* What the exercise asks
Please keep the pictures out and write out exactly the lines from the first in the data below through the one containing "Holidays on a", both included.

* Task inputs
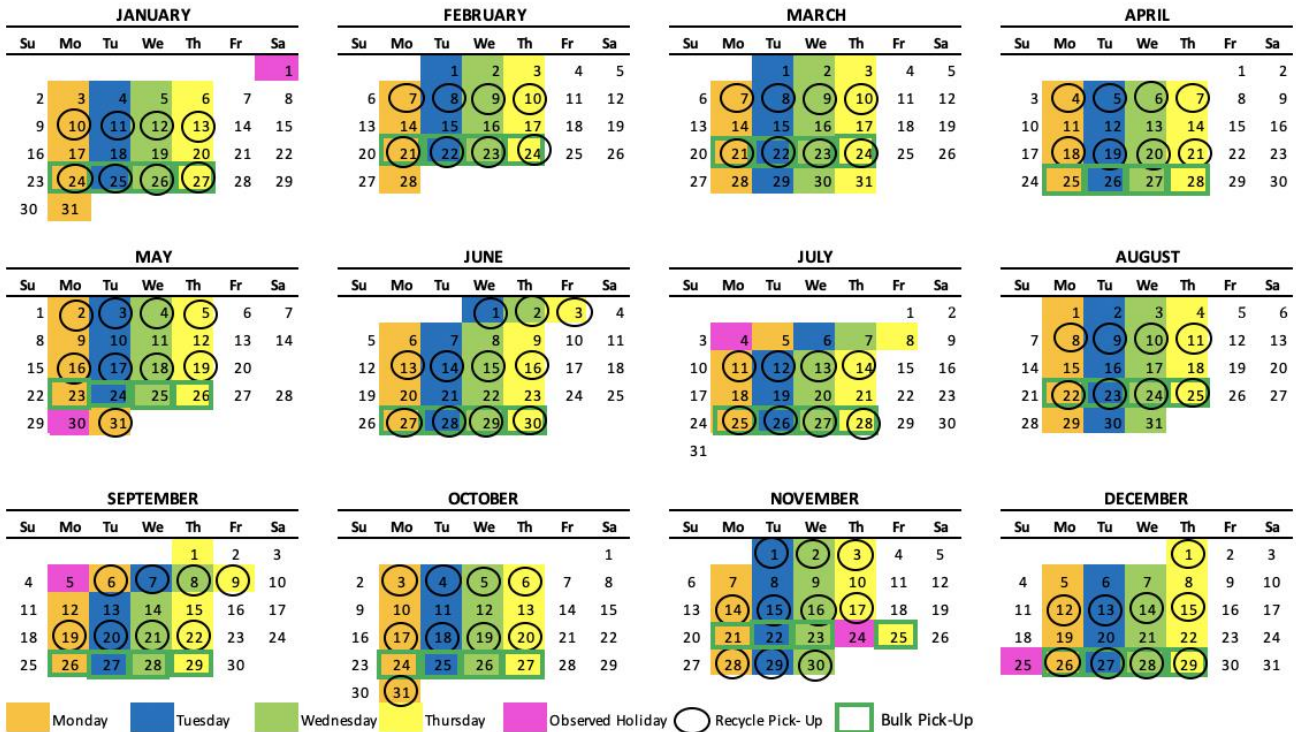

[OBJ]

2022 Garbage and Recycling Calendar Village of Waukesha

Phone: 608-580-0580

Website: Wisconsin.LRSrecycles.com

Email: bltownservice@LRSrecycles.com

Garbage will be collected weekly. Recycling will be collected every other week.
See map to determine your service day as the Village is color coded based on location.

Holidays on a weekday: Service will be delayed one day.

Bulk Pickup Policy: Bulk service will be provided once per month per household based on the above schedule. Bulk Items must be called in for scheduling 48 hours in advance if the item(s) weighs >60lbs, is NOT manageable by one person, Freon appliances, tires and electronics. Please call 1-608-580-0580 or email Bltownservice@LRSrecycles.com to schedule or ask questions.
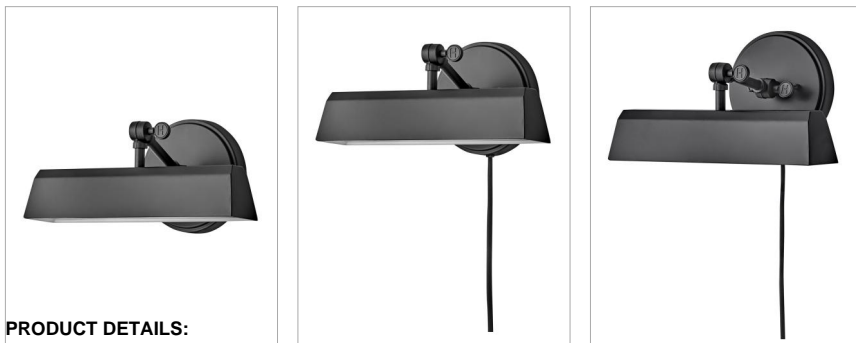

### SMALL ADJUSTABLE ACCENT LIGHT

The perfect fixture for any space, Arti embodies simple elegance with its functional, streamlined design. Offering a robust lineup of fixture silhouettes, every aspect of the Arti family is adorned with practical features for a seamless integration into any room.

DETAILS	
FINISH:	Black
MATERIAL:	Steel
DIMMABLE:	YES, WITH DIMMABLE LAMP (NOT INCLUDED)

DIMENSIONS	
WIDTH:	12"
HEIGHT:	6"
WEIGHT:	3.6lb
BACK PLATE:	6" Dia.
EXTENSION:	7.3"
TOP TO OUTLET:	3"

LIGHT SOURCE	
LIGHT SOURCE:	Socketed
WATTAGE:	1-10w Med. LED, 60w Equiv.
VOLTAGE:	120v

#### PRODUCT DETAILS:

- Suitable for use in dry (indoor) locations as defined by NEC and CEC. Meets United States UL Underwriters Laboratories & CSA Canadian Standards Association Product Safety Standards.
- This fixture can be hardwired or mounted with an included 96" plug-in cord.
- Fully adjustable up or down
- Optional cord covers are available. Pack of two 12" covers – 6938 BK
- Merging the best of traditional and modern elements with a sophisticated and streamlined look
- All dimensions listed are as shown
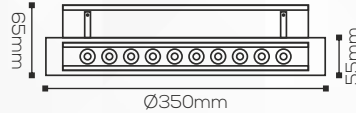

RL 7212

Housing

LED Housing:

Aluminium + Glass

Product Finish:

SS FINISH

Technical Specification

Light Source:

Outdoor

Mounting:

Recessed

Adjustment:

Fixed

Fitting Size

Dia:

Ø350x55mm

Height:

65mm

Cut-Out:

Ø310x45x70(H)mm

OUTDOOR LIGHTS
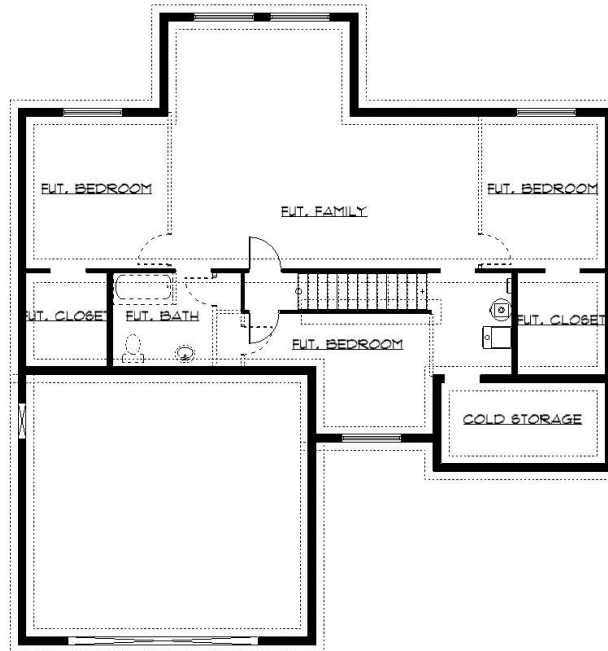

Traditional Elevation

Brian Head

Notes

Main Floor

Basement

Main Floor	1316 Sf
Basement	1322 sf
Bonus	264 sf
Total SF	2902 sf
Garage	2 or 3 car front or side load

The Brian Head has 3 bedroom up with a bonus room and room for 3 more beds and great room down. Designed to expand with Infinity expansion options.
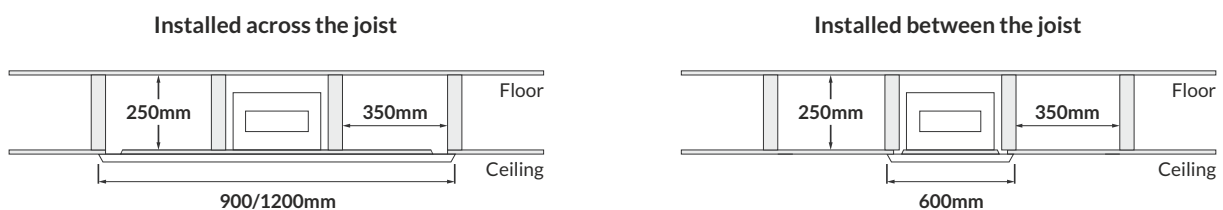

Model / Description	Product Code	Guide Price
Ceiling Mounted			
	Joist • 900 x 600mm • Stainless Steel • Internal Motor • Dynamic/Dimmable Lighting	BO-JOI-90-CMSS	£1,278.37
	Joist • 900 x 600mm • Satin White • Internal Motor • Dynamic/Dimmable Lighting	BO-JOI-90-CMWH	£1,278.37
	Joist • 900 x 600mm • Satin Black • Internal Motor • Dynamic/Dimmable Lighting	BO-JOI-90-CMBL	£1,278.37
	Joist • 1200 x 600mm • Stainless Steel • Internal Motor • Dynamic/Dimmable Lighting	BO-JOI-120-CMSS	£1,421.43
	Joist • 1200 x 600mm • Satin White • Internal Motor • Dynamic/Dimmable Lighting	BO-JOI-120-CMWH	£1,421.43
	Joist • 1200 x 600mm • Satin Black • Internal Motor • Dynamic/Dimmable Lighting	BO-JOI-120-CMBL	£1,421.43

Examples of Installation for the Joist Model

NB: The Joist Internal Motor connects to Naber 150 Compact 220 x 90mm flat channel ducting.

* Answer box
[OBJ]

2022 Garbage and Recycling Calendar Village of Waukesha

Phone: 608-580-0580

Website: Wisconsin.LRSrecycles.com

Email: bltownservice@LRSrecycles.com

Garbage will be collected weekly. Recycling will be collected every other week.
See map to determine your service day as the Village is color coded based on location.

Holidays on a weekday: Service will be delayed one day.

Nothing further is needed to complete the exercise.